Developer Assist continuously scans human and AI-generated code for issues across SAST, SCA (including malicious packages), IaC, containers, and secrets, then generates safe, explainable fixes in-line so vulnerabilities never reach the repository. Built for all popular AI-native IDEs, including Cursor, Windsurf, VS Code, and JetBrains, Developer Assist brings Checkmarx One intelligence directly to developers, shrinking remediation from hours to minutes without slowing delivery.

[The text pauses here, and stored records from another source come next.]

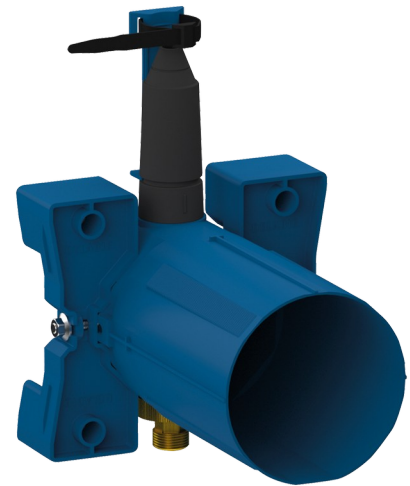

# Waterproof housing for TEMPOSOFT 2 showers

Ref. 748BOX

Time flow, kit 1/2

## DESCRIPTION

Waterproof housing for TEMPOSOFT 2 showers - Ref. 748BOX

Recessed waterproof housing for TEMPOSOFT 2 showers kit 1/2 :  
 Collar with waterproof seal.  
 Hydraulic connection from the outside and maintenance from the front.  
 Adjusts to all types of installations (rails, solid walls, panels).  
 Compatible with wall finishes 10 - 120mm (while maintaining the minimum recessing depth of 93mm).  
 Stopcocks and flow rate adjustment, filters, non-return valves and cartridge are all integrated and accessible from the front.  
 Supplied in 2 kits: secure system flush without sensitive elements.  
 30-year warranty.  
 Order with control plate reference 748218 or complete shower kit 748219.

## TECHNICAL CHARACTERISTICS

Waterproof housing for TEMPOSOFT 2 showers - Ref. 748BOX

Connector	1/2"
Technology	Time flow
Depth	10 - 120mm
Width	170mm
Warranty	

## ADVANTAGES

-  Installation recessed in wall
-  Adjustable and modular waterproof housing
-  System tested to over 500,000 operations
-  100% waterproof housing

Key capabilities of Checkmarx Developer Assist:

  • Secure AI-generated and human code in real time: Detect vulnerabilities, misconfigurations, hard-coded secrets, and malicious packages as code is written, before commit.
  • Inline, agentic remediation: Use Checkmarx agentic AI to propose and apply validated code changes, not just suggestions, directly in the IDE.
  • Shorter fix cycles and lower remediation cost: Cut pre-commit fix cycles from hours to minutes and reduce remediation costs per issue, helping teams avoid expensive downstream rework.
  • Guardrails for AI coding assistants: Work alongside copilots such as GitHub Copilot, Cursor, and Windsurf to provide security guardrails and safe refactoring for AI-generated changes.
  • Frictionless rollout and adoption: Run locally in the IDE, send only minimal metadata (no source code), and be adopted independently of the full Checkmarx One platform as an easy on-ramp to agentic AppSec.

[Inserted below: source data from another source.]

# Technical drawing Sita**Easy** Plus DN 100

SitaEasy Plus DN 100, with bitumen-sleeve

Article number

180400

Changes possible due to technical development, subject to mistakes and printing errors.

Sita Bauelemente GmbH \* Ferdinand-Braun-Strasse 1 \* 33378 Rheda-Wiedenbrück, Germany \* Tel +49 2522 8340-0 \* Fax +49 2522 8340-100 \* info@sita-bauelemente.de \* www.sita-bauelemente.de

Learn more about Checkmarx Developer Assist

Conclusion

Cursor can be used securely, but not casually. Its native controls help reduce risk around data handling, approvals, and agent behavior, but they do not replace secure review, dependency governance, secrets protection, and SDLC policy enforcement. Organizations that treat Cursor as a powerful coding system – not just a smart editor – will be better positioned to capture the productivity benefits of agentic development without expanding risk faster than they can control it.